══ GIVEN RECORDS

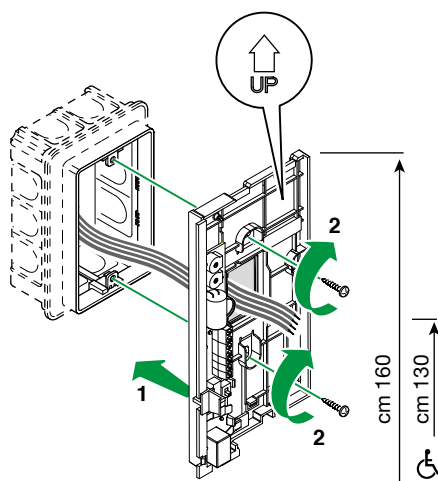

Manuale Tecnico

MINI AUDIO HANDSFREE, CITOFONO VIVAVOCE

Sistemi installativi

Manuale Tecnico

Mini Audio e Audio Handsfree

CARATTERISTICHE E FUNZIONI

								
	2701W	2702W	2703U*	2712W	2708W	2738W	2719W*	6750W*
CARATTERISTICHE GENERALI								
Sistema	Tradizionale			Semplificato 2 fili	SimplebusTop (S1)	SimplebusTop (S1 e S2)		SimplebusTop (S2)
Impianti Audio o Audio/Video	Audio e Audio/Video			Audio		Audio e Audio/Video		Audio
Installazione	Parete e Tavolo (relativo con accessorio)							Parete
Cornetta / Vivavoce	Cornetta							Vivavoce
Induction loop	-							
Colore	Bianco							
Numero pulsanti di serie	1	2					5	
Segnalazione a led	No							Sì
FUNZIONI								
Comando Apriporta	Sì	Sì	Sì	Sì	Sì	Sì	Sì	Sì
Comando Attuatore	-	Sì	Sì	Sì	Sì	Sì	Sì	Sì
Chiamata Centralino	-	-	-	-	Sì	Sì	Sì	Sì
Chiamata di Panico	-	-	-	-	-	-	Sì	Sì
Intercomunicante generale	-	-	-	-	-	-	Sì	Sì
Intercomunicante selettivo	-	-	-	-	-	-	Sì	Sì
Privacy	-	Sì	Sì	Sì	Sì	Sì	Sì	Sì
Dottore	-	-	-	-	-	-	Sì	Sì
Chiamata fuoriporta	-	-	-	-	Sì	Sì	Sì	Sì
Suoneria Elettronica	Sì	Sì	Sì	Sì	Sì	Sì	Sì	Sì
Suoneria personalizzabile	-	-	-	-	-	-	Sì	Sì
REGOLAZIONE								
Volume altoparlante	Sì							
Volume microfono	Sì							-
Volume suoneria	Sì							
CARATTERISTICHE TECNICHE								
Tensione di alimentazione	15 ÷ 16 Vdc	15 ÷ 16 Vdc	-	-	20 ÷ 28 Vdc	22 ÷ 35 Vdc	-	-
Assorbimento stand-by (mA)	0,200 ÷ 0,250 mA	0,200 ÷ 0,250 mA	-	-	0,710 ÷ 0,715 mA	0,5 ÷ 0,710 mA	-	-
Assorbimento in chiamata (mA)	0,400 ÷ 0,420 mA	0,400 ÷ 0,420 mA	-	-	20 ÷ 23 mA	25 ÷ 30 mA	-	-
Assorbimento in comunicazione (mA)	0,300 ÷ 0,350 mA	0,300 ÷ 0,350 mA	-	-	20 ÷ 22 mA	20 ÷ 23 mA	-	-
Microfono	Ø 9,6 x 6,9 mm	Ø 9,6 x 6,9 mm	Ø 9,6 x 6,9 mm	Ø 9,6 x 6,9 mm	Ø 9,6 x 6,9 mm	Ø 9,6 x 6,9 mm	Ø 9,6 x 6,9 mm	Ø 9,7 x 6,7 mm
Altoparlante	Ø 0,50 mm; Max Input Power 0,5W	Ø 0,50 mm; Max Input Power 0,5W	Ø 0,50 mm; Max Input Power 0,5W	Ø 0,50 mm; Max Input Power 0,5W	Ø 0,50 mm; Max Input Power 0,5W	Ø 0,50 mm; Max Input Power 0,5W	Ø 0,50 mm; Max Input Power 0,5W	Ø 0,50 mm; Max Input Power 0,5W
Grado IP	30							
Temperatura di funzionamento (°C)	-5/40							
Peso (Kg)	0,257 Kg							0,15 Kg
Morsetti	S,2,3,4,P1	S,2,3,4,P1,P2	A,B,C,D,E,EM	0 12 A B C P1 S- S+	L,L,CFP,CFP	L,L,CFP,CFP	L,L,CFP,CFP	L,L,CFP,CFP

════

Go to the line with "CARATTERISTICHE E FUNZIONI" in the entries above and repeat every line from there through the line with "Temperatura di funzionamento", exactly and with no other text.

CARATTERISTICHE E FUNZIONI

								
	2701W	2702W	2703U*	2712W	2708W	2738W	2719W*	6750W*
CARATTERISTICHE GENERALI								
Sistema	Tradizionale			Semplificato 2 fili	SimplebusTop (S1)	SimplebusTop (S1 e S2)		SimplebusTop (S2)
Impianti Audio o Audio/Video	Audio e Audio/Video			Audio		Audio e Audio/Video		Audio
Installazione	Parete e Tavolo (relativo con accessorio)							Parete
Cornetta / Vivavoce	Cornetta							Vivavoce
Induction loop	-							
Colore	Bianco							
Numero pulsanti di serie	1	2					5	
Segnalazione a led	No							Sì
FUNZIONI								
Comando Apriporta	Sì	Sì	Sì	Sì	Sì	Sì	Sì	Sì
Comando Attuatore	-	Sì	Sì	Sì	Sì	Sì	Sì	Sì
Chiamata Centralino	-	-	-	-	Sì	Sì	Sì	Sì
Chiamata di Panico	-	-	-	-	-	-	Sì	Sì
Intercomunicante generale	-	-	-	-	-	-	Sì	Sì
Intercomunicante selettivo	-	-	-	-	-	-	Sì	Sì
Privacy	-	Sì	Sì	Sì	Sì	Sì	Sì	Sì
Dottore	-	-	-	-	-	-	Sì	Sì
Chiamata fuoriporta	-	-	-	-	Sì	Sì	Sì	Sì
Suoneria Elettronica	Sì	Sì	Sì	Sì	Sì	Sì	Sì	Sì
Suoneria personalizzabile	-	-	-	-	-	-	Sì	Sì
REGOLAZIONE								
Volume altoparlante	Sì							
Volume microfono	Sì							-
Volume suoneria	Sì							
CARATTERISTICHE TECNICHE								
Tensione di alimentazione	15 ÷ 16 Vdc	15 ÷ 16 Vdc	-	-	20 ÷ 28 Vdc	22 ÷ 35 Vdc	-	-
Assorbimento stand-by (mA)	0,200 ÷ 0,250 mA	0,200 ÷ 0,250 mA	-	-	0,710 ÷ 0,715 mA	0,5 ÷ 0,710 mA	-	-
Assorbimento in chiamata (mA)	0,400 ÷ 0,420 mA	0,400 ÷ 0,420 mA	-	-	20 ÷ 23 mA	25 ÷ 30 mA	-	-
Assorbimento in comunicazione (mA)	0,300 ÷ 0,350 mA	0,300 ÷ 0,350 mA	-	-	20 ÷ 22 mA	20 ÷ 23 mA	-	-
Microfono	Ø 9,6 x 6,9 mm	Ø 9,6 x 6,9 mm	Ø 9,6 x 6,9 mm	Ø 9,6 x 6,9 mm	Ø 9,6 x 6,9 mm	Ø 9,6 x 6,9 mm	Ø 9,6 x 6,9 mm	Ø 9,7 x 6,7 mm
Altoparlante	Ø 0,50 mm; Max Input Power 0,5W	Ø 0,50 mm; Max Input Power 0,5W	Ø 0,50 mm; Max Input Power 0,5W	Ø 0,50 mm; Max Input Power 0,5W	Ø 0,50 mm; Max Input Power 0,5W	Ø 0,50 mm; Max Input Power 0,5W	Ø 0,50 mm; Max Input Power 0,5W	Ø 0,50 mm; Max Input Power 0,5W
Grado IP	30							
Temperatura di funzionamento (°C)	-5/40							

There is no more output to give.